Он беспрестанно и с чувством объяснял всем подходившим о почему-то не пришедшей еще посылке и сокрушенно, жалостливо, совсем уж заунывно и тоскливо разводил руками.

— Слушай!.. Уже два-а месяца нет посылки! — обращался он то к одному, то к другому зеку, внимательно вглядываясь в их лица своими полуазиатскими карими, беспокойными глазенками. — Может, потерялась, а? Два-а месяца! На почтах крадут, да! А у кого крадут? Там же адрес, а? Слушай!.. — приставал он к другим, быстро позабыв о прежних слушателях.

— А от кого ждёшь-то, Витюха? — смеясь, спрашивали у него любители приколоться, с ходу меняя выражение своего лица на серьёзное.

Витюша совсем не выносил издевательских и плоских шуточек, касающихся его посылки, и потому легко обижался и надолго запоминал физиономию шутника.

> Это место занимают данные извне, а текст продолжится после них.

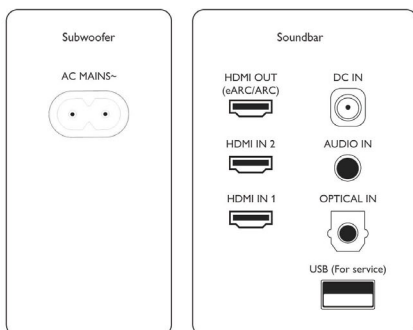

Carton externe

- Longueur: 116.5 cm
- Nombre de produits emballés: 2
- Largeur: 53.5 cm
- Poids brut: 40.3 kg
- Hauteur: 48 cm
- GTIN: 1 48 95229 11261 9
- Poids net: 27.74 kg
- Poids à vide: 12.56 kg

Pratique

- Télécommande
- Mode nuit: Non

Compatibilité

- Commande par application sur smartphone/tablette

Alimentation

- Alimentation du caisson de basse: 220-240 V CA, 50/60 Hz
- Alimentation de l'unité principale: 100-240 V CA, 50/60 Hz
- Consommation en veille du caisson de basse: $0,5\text{ W}$
- Consommation en veille de l'unité principale: $0,5\text{ W}$
- Veille automatique

Dimensions du produit emballé

- Hauteur: 45.8 cm
- Type d'emballage: Boîte

- Largeur: 115 cm
- Profondeur: 40.5 cm
- Nombre de produits inclus: 1
- EAN: 48 95229 11261 2
- Poids brut: 18.8 kg
- Poids net: 13.87 kg
- Poids à vide: 4.93 kg

Accessoires

- Accessoires fournis: Télécommande (avec pile), Cordon d'alimentation, Guide de démarrage rapide, Livret de garantie internationale

Design

- Couleur: Noire
- Fixation murale possible

Dimensions

- Unité principale (l x H x P): 1 049 x 55,6 x 120 millimètre
- Poids de l'unité principale: 4,07 kg
- Caisson de basses (l x H x P): 230 x 400 x 407 millimètre
- Poids du caisson de basses: 9,6 kg

Vidéo

- Transfert 3D
- Vidéo - améliorations: Transfert de vidéo 4K, Dolby Vision, HDR10, HDR10+, HLG

Date de publication
2024-04-13

Version: 3.0.2

EAN: 48 95229 11261 2

© 2024 Koninklijke Philips N.V.
Tous droits réservés.

Les caractéristiques sont sujettes à modification sans préavis. Les marques commerciales sont la propriété de Koninklijke Philips N.V. ou de leurs détenteurs respectifs.

www.philips.com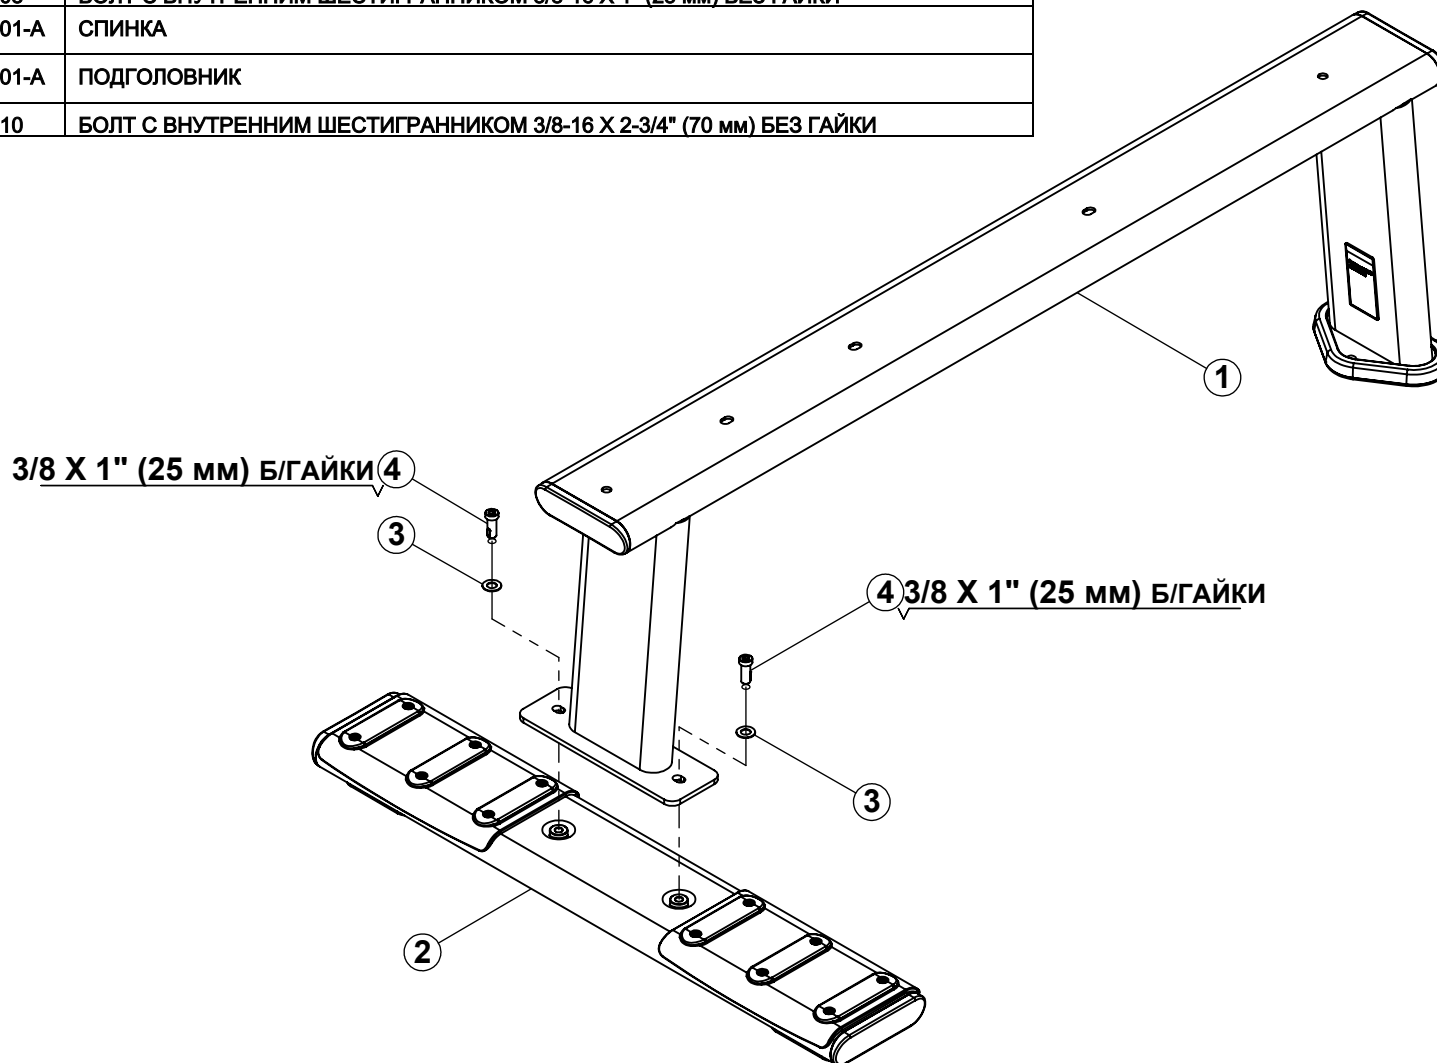

ГОРИЗОНТАЛЬНАЯ СКАМЬЯ

Руководство по сборке

НОМЕР	КОЛ-ВО	КОД ДЕТАЛИ	ОПИСАНИЕ
1	1	53016РА-А	РАМА
2	1	53018РА-А	НОЖКИ
3	7	2001101	ПЛОСКАЯ ШАЙБА 3/8, SAE СТ ЦИНК
4	2	2006403	БОЛТ С ВНУТРЕННИМ ШЕСТИГРАННИКОМ 3/8-16 X 1" (25 мм) БЕЗ ГАЙКИ
5	1	5277101-А	СПИНКА
6	1	5276801-А	ПОДГОЛОВНИК
7	5	2006410	БОЛТ С ВНУТРЕННИМ ШЕСТИГРАННИКОМ 3/8-16 X 2-3/4" (70 мм) БЕЗ ГАЙКИ

- **Плотно затяните все болты.**

ШАГ 2

- Плотно затяните все болты.
- Надежно зафиксируйте скамью на полу, используя отверстия для крепления.
ПРИМЕЧАНИЕ: проконсультируйтесь со специалистом перед непосредственной установкой тренажера.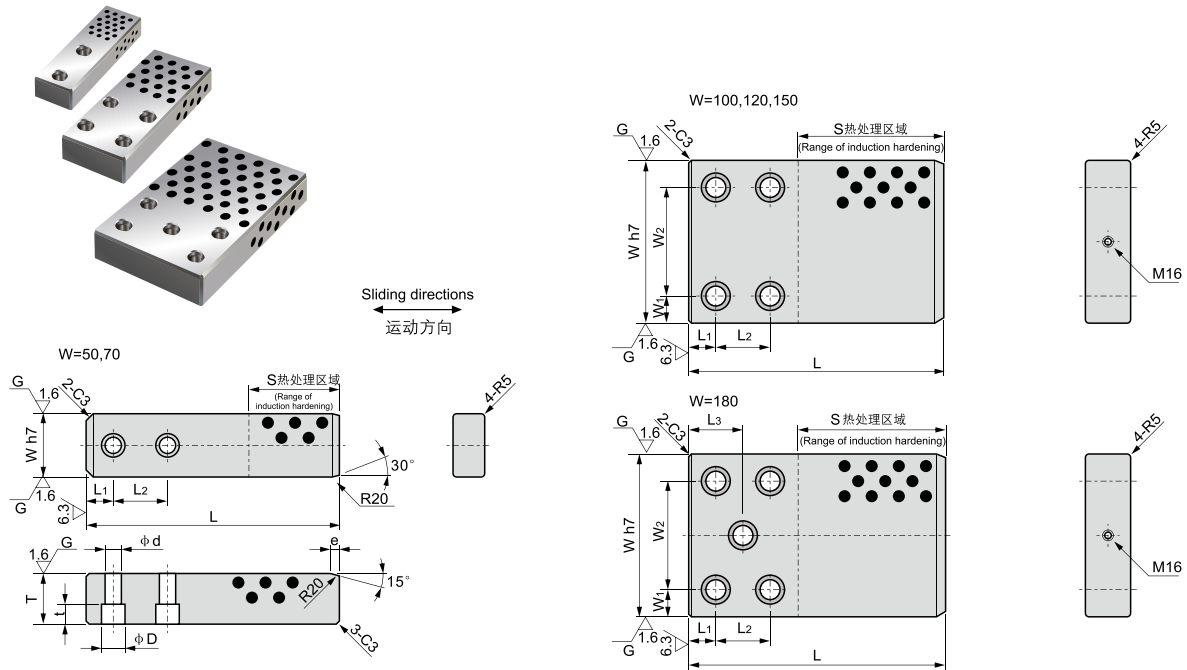

JGBZ 自润滑板

JGBZ Oilless Wear Plate

Material	S45C + Graphite
材质	钢基 + 石墨HRC≥40

Unit(单位): mm

型号规格 Standard No.	W	L	W h7	L ₁	L ₂	L ₃	W ₁	W ₂	D	d	t	e	S	T
JGBZ-50 × 160	50	160	50	20	50								60	30
JGBZ-50 × 200		200			80								120	
JGBZ-50 × 260		260												
JGBZ-70 × 230	70	230	70	25	60				26	18	18	10	100	35
JGBZ-70 × 260		260												
JGBZ-70 × 300		300												
JGBZ-70 × 350		350												
JGBZ-100 × 230	100	230	100		60								100	45
JGBZ-100 × 280		280												
JGBZ-100 × 330		330												
JGBZ-100 × 390		390												
JGBZ-120 × 230	120	230	120		60								100	50
JGBZ-120 × 280		280												
JGBZ-120 × 330		330												
JGBZ-120 × 390		390												
JGBZ-150 × 280	150	280	150		60				32	22	22	15	160	55
JGBZ-150 × 330		330												
JGBZ-150 × 390		390												
JGBZ-150 × 430		430												
JGBZ-180 × 280	180	280	180	30	60	60							160	55
JGBZ-180 × 330		330			70									
JGBZ-180 × 390		390			100									
JGBZ-180 × 430		430			120									
JGBZ-180 × 480		480			130									
JGBZ-180 × 550	550	142.5												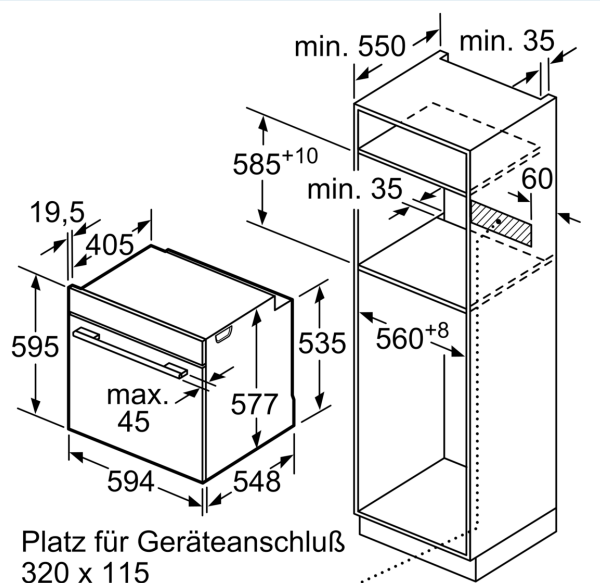

Technische Info:

- Länge des Anschlusskabels: 120 cm
- Gesamtanschlusswert Elektro: 3.6 kW
- Gerätemaße (HxBxT): 595 x 594 x 548 mm
- Nischenmaße (HxBxT): 595 mm x 560 mm x 550 mm
- „Maße und Einbauhinweise zu diesem Gerät gemäß technischer Zeichnung beachten“

**iQ700, Einbau-Backofen, 60 x 60 cm, Schwarz, Edelstahl
HB876G8B6**

Maßzeichnungen

Maße in mm

Platz für Geräteanschluß
320 x 115

Maße in mm

Wird das Gerät unter einem Kochfeld eingebaut, muss folgende Arbeitsplattenstärke (ggf. inkl. Unterkonstruktion) beachtet werden.

Maße in mm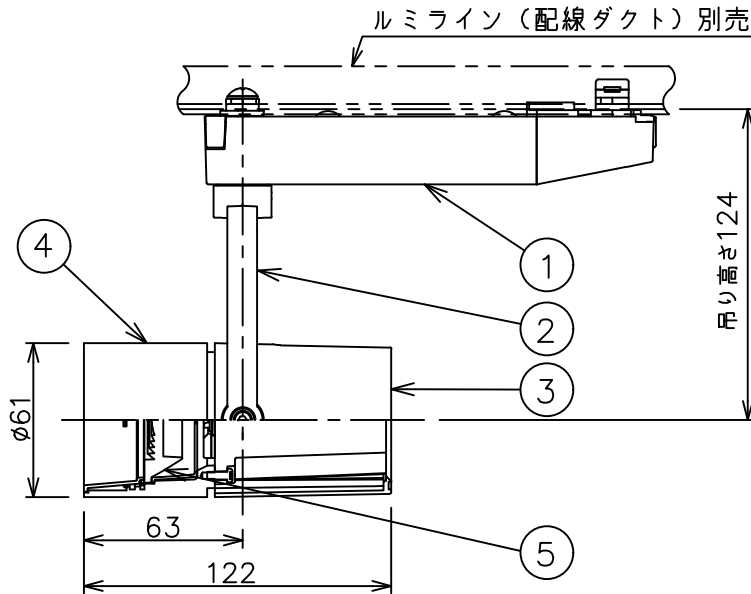

姿図

定格光束	490Lm
LED照明器具の固有エネルギー消費効率	43.7Lm/W
LED光源寿命	40000時間

⚠ 安全に関するご注意

- この器具は、一般通常環境の屋内配線ダクト取付専用器具です。一般通常環境以外の所、傾斜天井、屋外、湿気の多い所、水気のかかる所、壁面、床面では使用しないでください。落下・感電・火災の原因になります。
- 電源電圧は、器具銘板に記載されている定格電圧±6%内でご使用下さい。感電・火災の原因になります。
- 単体では使用できません。器具本体表示または、説明書に従って適正な組み合わせでご使用ください。落下・感電・火災の原因になります。
- ガス機器等の温度の高くなるものに取り付けしないでください。火災の原因になります。
- LEDにはバツキがあり、同一型番であっても商品ごとに発光色、明るさ、点灯時間（始動時間）が異なる場合があります。
- 被照射面までの距離は器具本体表示または説明書に従って0.1m以上離して施工してください。被照射物の変質・変色または火災の原因になります。

				機能 一般用			特記事項 1/2照度角 30° 制御レンズ付 調光可能 (1%~100%) 調光器別売 スイッチ無し
				取付場所	屋内 ルミライン取付専用		
				電源接続	ルミライン用プラグ		
5	レンズ	アクリル	透明	消費電力	11.2 W	定格電圧 100 V	
4	本体	アルミダイカスト	白塗装(ホワイト93)	電気容量	19VA		
3	ヒートシンクカバー	ポリカーボネート	白	LED 付 交換不可	LED11.2W 演色性 Ra98 Q+ 4000K		
2	アーム	アルミダイカスト	白塗装(ホワイト93)				
1	電源ケース	ポリカーボネート	白				
No.	部品名	材質	備考	器具重量	約	0.5 kg	鹿毛 狩野 ③

— От родственников, да, — твёрдо отвечал интересующимся Витя-детдомовец и сразу переходил на работу почтовых отделений, где, по его личному мнению, всё терялось и разворовывалось, за исключением посылок, принадлежавших самим почтарям.

— Наверное потерялась, да. По-те-ря-лась, — печально тянул он, как бы убеждая в этом самого себя на несколько минут.

Рассказав всем о своем горе, Витя неспешно удалялся от доски и вскоре забывал о посылке. Но через четыре-пять дней на плацу вывешивали новый список, и он снова летел к доске, не замечая ничего и никого вокруг.

Случилось так, что однажды, с чьей-то легкой подачи, «вечную» Витюшину посылку каким-то образом связали с именем знаменитой певицы. При появлении бедолаги на плацу зеки уже не приветствовали его, как бывало раньше, а сразу спрашивали о посылке от Аллы Борисовны.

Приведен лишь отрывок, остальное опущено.